WJIM-FM (97.5 FM, "975 Now FM") is a radio station in Lansing, Michigan, broadcasting an adult leaning Top 40 (CHR) format.

The station has had the WJIM-FM calls continuously since it signed on in 1960.  For over three decades, WJIM-FM broadcast an easy listening/beautiful music format, which evolved during the early 1990s into a soft adult contemporary sound.  On Labor Day in 1995, WJIM-FM switched from AC to "Oldies 97.5."  The change came days after WIBM dropped its longtime oldies format in favor of country to compete with WITL-FM. The station's "good times and great oldies" format was very popular in Lansing for over a decade, with the station consistently rated in the top ten (and frequently the top five) 12+ in the Arbitron ratings.

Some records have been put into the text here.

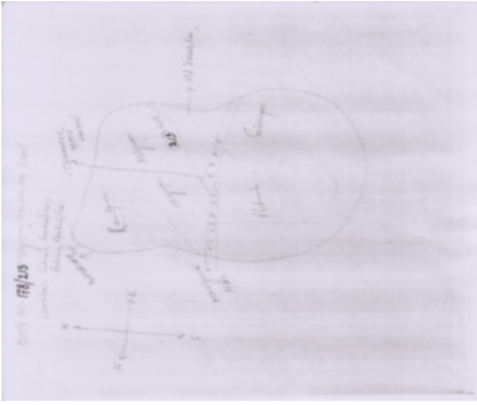

Nazri Naksha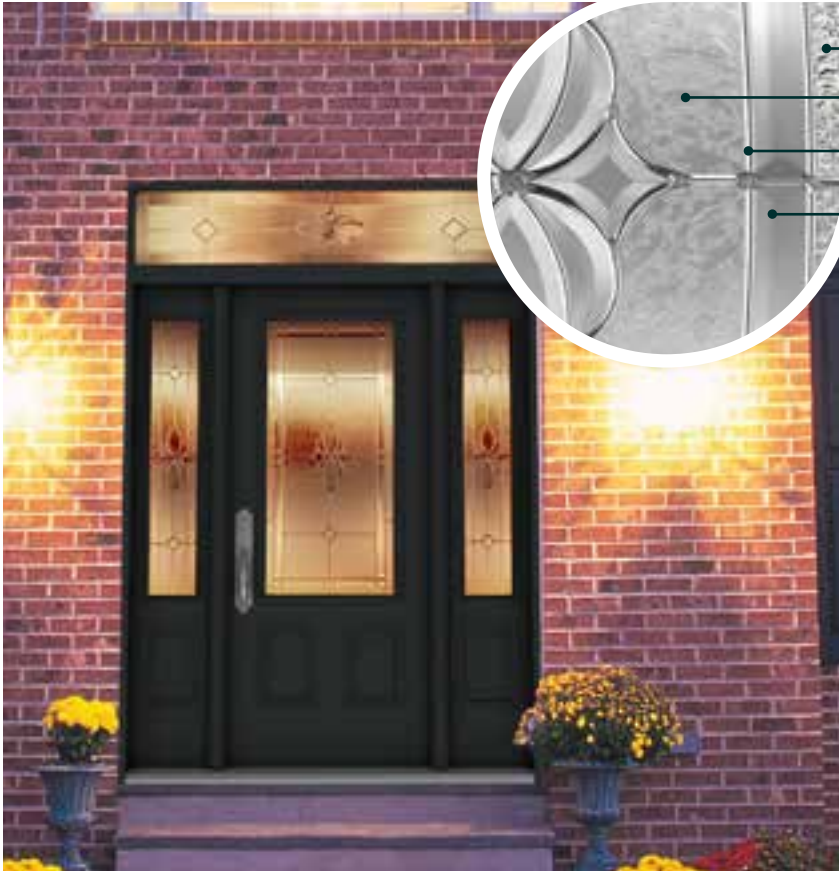

Low-E + Argon

22x48

8x48

**N**

1	2	3	4	5	6	7	8	9	10
---	---	---	---	---	---	---	---	---	----

Degré d'intimité

MYSTIQUE

- Verre granit
- Verre glue chip
- Baguette zinc
- Verre clair biseauté

On September 13, 2005, crosstown competitor WHZZ 101.7 FM abruptly flipped from adult-leaning CHR as "Z101.7" to Variety Hits as "Mike FM." WJIM-FM stepped in to fill the Top 40 void in the market two days later, as "Oldies 97.5" signed off with Don McLean's "American Pie" at 10 a.m. on September 15 and "The New 97-5" (usually just called "97.5, Lansing's New Hit Music Station") debuted in its place.  Longtime "Oldies 97.5" morning man Rich Michaels moved to sister station WMMQ.  On September 7, 2007, the station repositioned from "The New 97-5" to "97-5 Now FM."

The WJIM call letters have a history in Lansing of being associated with Top 40 music, as WJIM-AM 1240 was a leading Top 40 station in Lansing during the 1960s as "Big Jim 1240."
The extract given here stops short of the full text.